▶ [PROBLEM STATEMENT] Out of the entries that follow, copy each line containing "Tiergarten".

Records from a data source
[Start of Attachment]

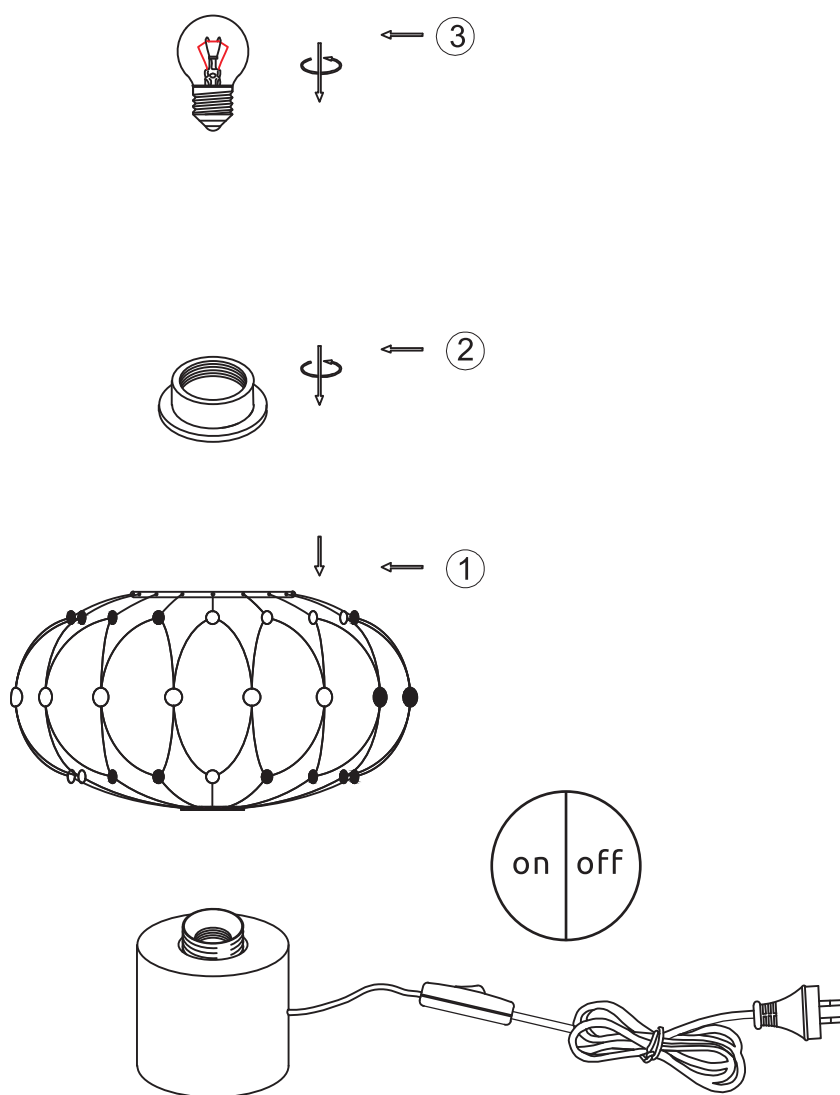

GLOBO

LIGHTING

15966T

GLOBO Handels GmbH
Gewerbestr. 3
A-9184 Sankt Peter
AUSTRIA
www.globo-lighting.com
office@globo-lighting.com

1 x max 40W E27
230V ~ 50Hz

[End of Attachment]
[Start of Attachment]

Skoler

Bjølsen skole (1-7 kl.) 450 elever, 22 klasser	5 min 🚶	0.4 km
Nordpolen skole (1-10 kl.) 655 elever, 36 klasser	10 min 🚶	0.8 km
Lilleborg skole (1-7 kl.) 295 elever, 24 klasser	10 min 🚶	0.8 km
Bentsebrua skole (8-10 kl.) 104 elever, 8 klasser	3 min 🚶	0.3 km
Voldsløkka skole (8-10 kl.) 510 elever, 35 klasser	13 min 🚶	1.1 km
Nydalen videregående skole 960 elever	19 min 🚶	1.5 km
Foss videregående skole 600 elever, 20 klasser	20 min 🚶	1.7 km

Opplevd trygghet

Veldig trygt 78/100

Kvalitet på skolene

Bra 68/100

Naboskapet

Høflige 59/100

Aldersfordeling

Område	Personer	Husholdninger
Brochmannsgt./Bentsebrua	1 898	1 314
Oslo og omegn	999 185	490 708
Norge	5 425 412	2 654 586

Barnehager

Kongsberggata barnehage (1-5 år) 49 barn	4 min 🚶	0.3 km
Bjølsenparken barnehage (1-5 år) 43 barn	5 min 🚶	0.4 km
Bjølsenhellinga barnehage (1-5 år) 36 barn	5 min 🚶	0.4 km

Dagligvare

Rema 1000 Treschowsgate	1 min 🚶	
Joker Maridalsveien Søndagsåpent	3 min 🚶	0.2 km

[End of Attachment]
[Start of Attachment]

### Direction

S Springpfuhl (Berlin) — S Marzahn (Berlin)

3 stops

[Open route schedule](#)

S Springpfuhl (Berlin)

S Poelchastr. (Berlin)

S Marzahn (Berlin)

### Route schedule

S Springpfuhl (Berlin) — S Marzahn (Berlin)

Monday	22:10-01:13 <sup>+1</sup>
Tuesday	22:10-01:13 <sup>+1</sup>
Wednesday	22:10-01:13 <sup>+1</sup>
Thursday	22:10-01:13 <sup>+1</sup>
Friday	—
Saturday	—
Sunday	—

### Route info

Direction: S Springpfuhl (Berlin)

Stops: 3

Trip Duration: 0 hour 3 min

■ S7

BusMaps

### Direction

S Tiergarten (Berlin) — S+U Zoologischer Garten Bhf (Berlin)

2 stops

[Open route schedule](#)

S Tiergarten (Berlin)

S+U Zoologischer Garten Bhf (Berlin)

[End of Attachment]

▶ [SOLUTION]
S Tiergarten (Berlin) — S+U Zoologischer Garten Bhf (Berlin)
S Tiergarten (Berlin)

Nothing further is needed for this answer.